I would like to respectfully request a birthday present for the Jewish people for Shavuot. We became a great people on this day over 3,000 years ago. Hashem, there is nothing like Your Torah. Every sedra, every word, every letter. To say that the Torah is chock full of meaning would be the ultimate understatement. The Torah energizes us, it renews us, it dignifies us, it is our entire world. We meditate on the Torah’s teachings day and night continuously. We are eternally grateful. The Torah is not the end of the process, it is the first fruits, as we are reminded on the Feast of Weeks. Shavuot, the Giving of the Torah, is a birthday of sorts to Bnei Yisrael. And this year I am going to ask for a special birthday present for the Jewish people and for all of mankind. We need the geula shleima, the complete redemption of your world, and we need it now. The sick will be healed, the blind will see, the deaf will hear, we’ll all finally be free, no more wars, a world of true shalom, geula hayom, it’s our only true home.

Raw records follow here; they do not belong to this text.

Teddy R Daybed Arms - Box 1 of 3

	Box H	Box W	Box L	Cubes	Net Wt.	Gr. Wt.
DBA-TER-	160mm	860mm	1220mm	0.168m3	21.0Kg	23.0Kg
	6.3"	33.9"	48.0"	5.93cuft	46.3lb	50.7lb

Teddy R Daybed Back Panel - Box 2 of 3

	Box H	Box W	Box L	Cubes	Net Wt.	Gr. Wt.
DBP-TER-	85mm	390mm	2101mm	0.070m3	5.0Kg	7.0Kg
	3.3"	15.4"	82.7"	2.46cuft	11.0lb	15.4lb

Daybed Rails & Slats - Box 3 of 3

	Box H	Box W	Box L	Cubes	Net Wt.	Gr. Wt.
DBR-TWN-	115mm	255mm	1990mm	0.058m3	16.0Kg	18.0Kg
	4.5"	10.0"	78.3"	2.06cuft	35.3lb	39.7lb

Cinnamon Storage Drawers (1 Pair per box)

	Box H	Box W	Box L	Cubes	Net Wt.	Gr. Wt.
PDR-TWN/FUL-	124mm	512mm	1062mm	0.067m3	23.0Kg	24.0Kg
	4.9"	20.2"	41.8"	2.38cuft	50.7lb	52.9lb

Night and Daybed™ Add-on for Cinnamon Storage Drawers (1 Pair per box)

The makkot (plagues) with which You took us out of Mitzrayim, Hashem, what could anyone say. We were slaves to Pharaoh and you saved us. Kriyat Yam Suf, (the splitting of the sea), to this day we stand in complete awe of this miracle that defeated the entire Egyptian army and completely ended the slavery. We walked through on dry land. But, at the risk of sounding thankless, I need to say “lo dayeinu.” It does not suffice for us. We need geula shleima, the complete redemption of your world, and we need it now. That’s an infinitive for the human race. It’s not about this or that time in history. We inherently need geula shleima and we need it now, whether we know it or not. The sick will be healed, the blind will see, the deaf will hear, we’ll all finally be free, no more wars, a world of true shalom, geula hayom, it’s our only true home.

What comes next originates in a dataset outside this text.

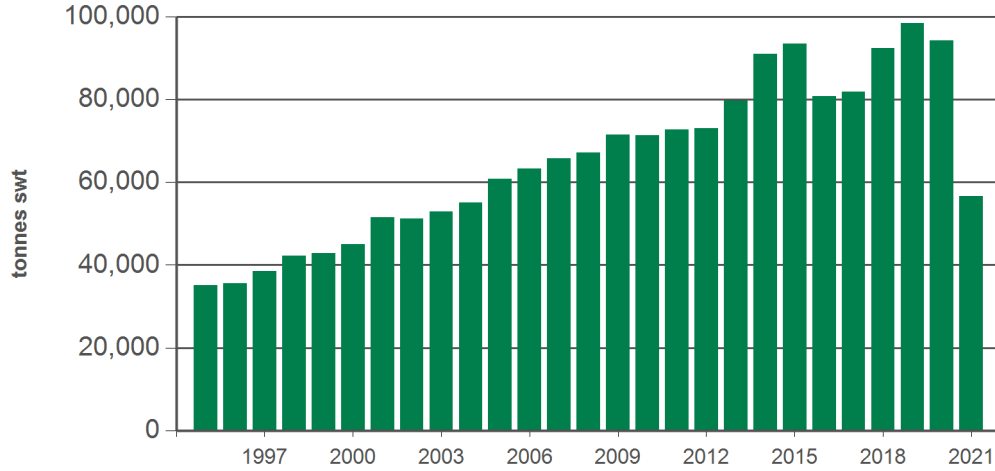

Year-to-July beef offal exports

Source: DAWR, Prepared by MLA

That’s what I would like to request for Shavuot, the birthday of Bnei Yisrael. Ice cream and cheesecake? We are thrilled. Wow, to remind us of the land of milk and honey, Eretz Yisrael, reestablished in our time. We are eternally grateful. And the all-night Torah sessions are so inspirational that the Torah we learn lasts for the whole year. Still, lo dayeinu. It does not suffice for us.
Hashem, there is truly no place like home, and leave it to the Torah to remind us of our true home. Yes, Eretz Yisrael in the physical sense, but in the spiritual sense it is geula. We need geula shleima. The sick will be healed, the blind will see, the deaf will hear, we’ll all finally be free, no more wars, a world of true shalom, geula hayom, it’s our only true home.

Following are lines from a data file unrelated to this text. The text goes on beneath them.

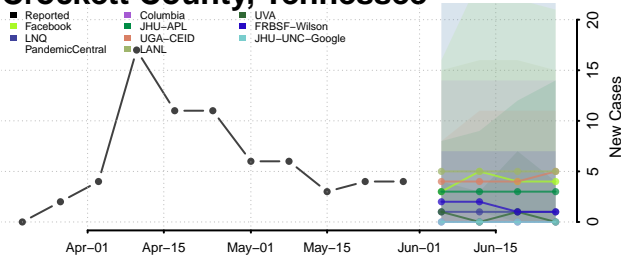

Carter County, Tennessee

Cheatham County, Tennessee

Chester County, Tennessee

Claiborne County, Tennessee

Clay County, Tennessee

Cocke County, Tennessee

Coffee County, Tennessee

Crockett County, Tennessee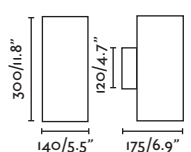

OLAN

- 70269 matt white/blanco mate
- 70270 rust brown/marrón óxido
- 70637 dark grey/gris oscuro

2 LED 6W 3000K 100lm CRI>80 Driver ✓

Body Aluminium/Aluminio
Diff Transparent Glass/Cristal Transparente

IP65 100-240V 50/60Hz 40°

SUNSET

- 70686 matt white/blanco mate
- 70687 dark grey/gris oscuro

LED 2 SMD 3W 3000K 250lm CRI>80 Driver ✓

Body Aluminium/Aluminio
Diff Opal Glass/Cristal Opal

IP54 100-240V 50/60Hz 40°

COBO

- 70404 dark grey/gris oscuro

LED COB 10W 4000K 600lm CRI>80 Driver ✓

Body Aluminium/Aluminio
Diff Transparent Glass/Cristal Transparente

IP65 220-240V 50/60Hz 40°

THON

- 70283 matt black/negro mate

LED COB 15W 3000K 825lm CRI>80 Driver ✓

Body Aluminium/Aluminio
Diff Opal Glass/Cristal Opal

IP55 220-240V 50/60Hz 18°

THON

- 70284 matt black/negro mate

LED COB 30W 3000K 1538lm CRI>80 Driver ✓

Body Aluminium/Aluminio
Diff Opal Glass/Cristal Opal

IP55 220-240V 50/60Hz 18°

PROA — Àlex&Manel Llusca

- 74400 dark grey/gris oscuro

GU10 MAX 8W LED ✗ [97685327]

Body Aluminium/Aluminio
Diff Transparent Glass/Cristal Transparente

IP44

No more wars, no more destruction, no more calamity for the entire world. We need this. We can’t simply accept that anything less is somehow good enough. How many people must die in war before we finally get the point that all sides of the wars are losing? Oh, we are tough as nails, we don’t cry and we are endlessly proud of those whom we have lost for their service. But isn’t it possible to be endlessly proud of having a world that is actually worthy of those with the most dedication? Isn’t having a world of true shalom, where human beings care about one another, the greatest tribute to those who fought for those ideals? The sick will be healed, the blind will see, the deaf will hear, we’ll all finally be free, no more wars, a world of true shalom, geula hayom, it’s our only true home.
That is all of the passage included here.